2016 · Shinji Higuchi, Hideaki Anno
When a massive, gilled monster emerges from the deep and tears through the city, the government scrambles to save its citizens. A rag-tag team of volunteers cuts through a web of red tape to uncover the monster's weakness and its mysterious ties to a foreign superpower. But time is not on their side - the greatest catastrophe to ever befall the world is about to evolve right before their very eyes.
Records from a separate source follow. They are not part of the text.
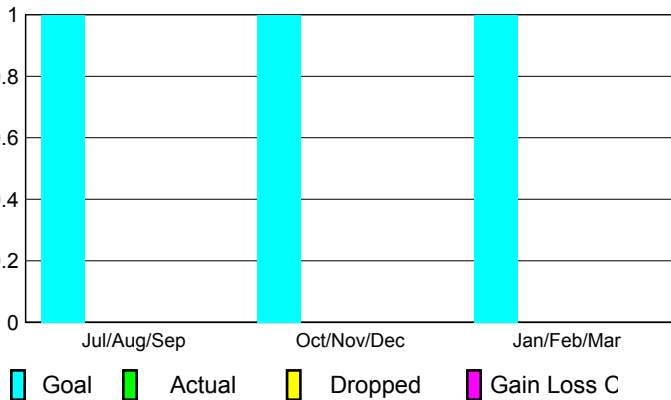

2009-2010 GMT Quarterly Report for District (or Undistricted) **District 23 C**

GMT: **ED J LECIUS**

Location: **CONNECTICUT**

GMT CA: **1**

CLUBS

**Club Results
2009-2010**

**Clubs
2008-2009**

Month	New Club	Actual New	Actual Dropped	Gain/Loss of	Gain/Loss of
	Goal	Clubs	Clubs	Clubs	Clubs
Jul/Aug/Sep	1	0	0	0	0
Oct/Nov/Dec	1	0	0	0	1
Jan/Feb/Mar	1	0	0	0	0
Totals	3	0	0	0	1

Club Results 2009-2010

Goal, New, Dropped, Gain/Loss

Comparison of Club Gain/Loss

Current Year Compared to the Previous Year

YTD Status Quo Clubs 2009-2010

Status Quo Clubs Compared to Status Quo Members

MEMBERSHIP
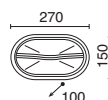

E27 Led/Hal/Fluo 42W max.

□ 240E-G05X1A-01

■ 240E-G05X1A-02
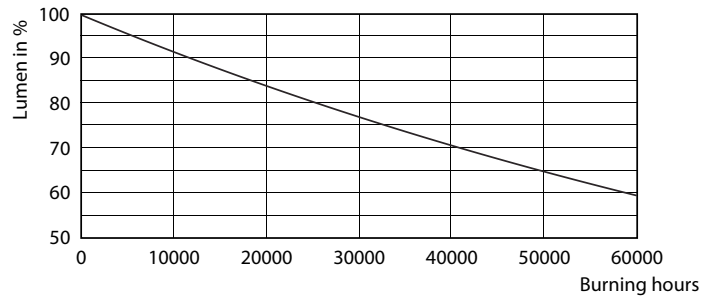

LED PAR30 S/L

Lifetime

Life Expectancy Diagram - 12PAR30L/EXPERTCOLOR RETAIL/F25/930/DIM

Lumen Maintenance Diagram - 12PAR30L/EXPERTCOLOR RETAIL/
F25/930/DIM
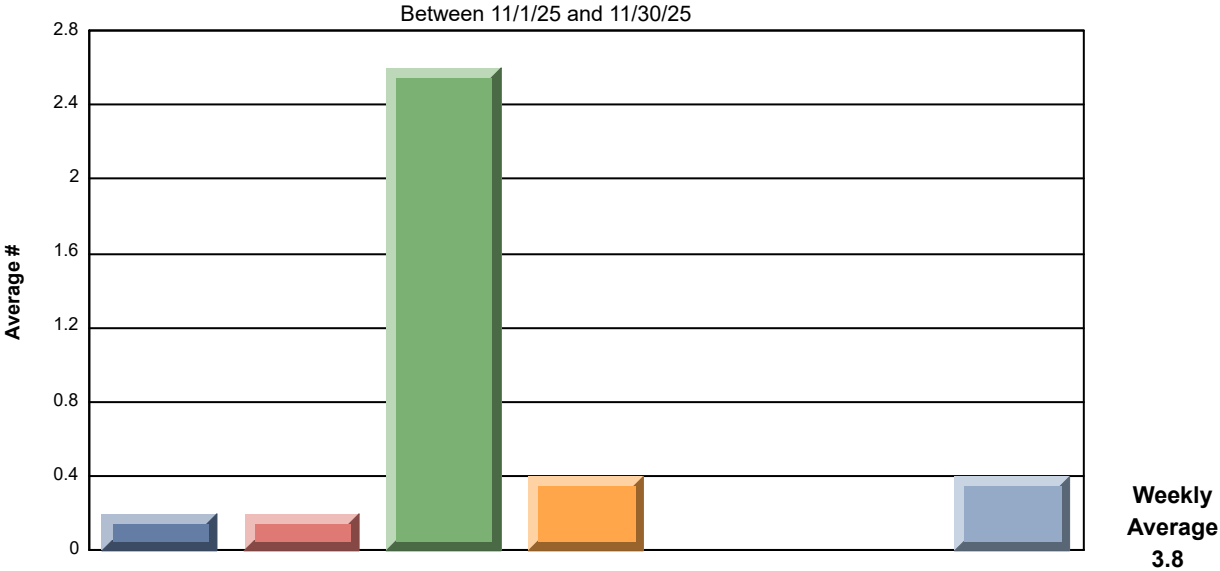

CMS Condo 1st On-site & Beback Traffic Flow

	Monday	Tuesday	Wednesday	Thursday	Friday	Saturday	Sunday	Total
27 Oct 25	1	0	0	0	0	0	0	1
03 Nov 25	0	0	3	1	0	0	0	4
10 Nov 25	0	1	7	0	0	0	1	9
17 Nov 25	0	0	2	1	0	0	1	4
24 Nov 25	0	0	1	0	0	0	0	1
Avg # of Daily Contacts	0.2	0.2	2.6	0.4	0.0	0.0	0.4	0.5
Total # of Contacts	1	1	13	2	0	0	2	19
	5%	5%	68%	11%	0%	0%	11%	100%

dir. Shinji Higuchi, Hideaki Anno · 2016
Toho's first domestic Godzilla in twelve years handed the franchise to Hideaki Anno — creator of Neon Genesis Evangelion — and Anno turned the monster movie inside out: the creature is onscreen for minutes; the real spectacle is the Japanese state trying to respond. Co-directed with effects veteran Shinji Higuchi, the film plays as a procedural satire, all emergency meetings, jurisdictional turf wars, and captions naming every official and ministry in rapid-fire strobe — bureaucracy rendered with the editing rhythm of an anime. Its terror is precise: the imagery deliberately echoes the 2011 Tōhoku earthquake, tsunami, and Fukushima meltdown, restoring Godzilla to what he was in 1954 — a national trauma given a body. And what a body: a mutating, dead-eyed horror that evolves through grotesque intermediate forms, animated in part by motion capture of butoh-trained actor Mansai Nomura. Shiro Sagisu's score smuggles in Evangelion cues alongside Akira Ifukube's classic themes, fusing two generations of Japanese apocalypse. It swept the Japan Academy Prizes, including Best Picture — a kaiju film taken, at last, as seriously as its subject deserves.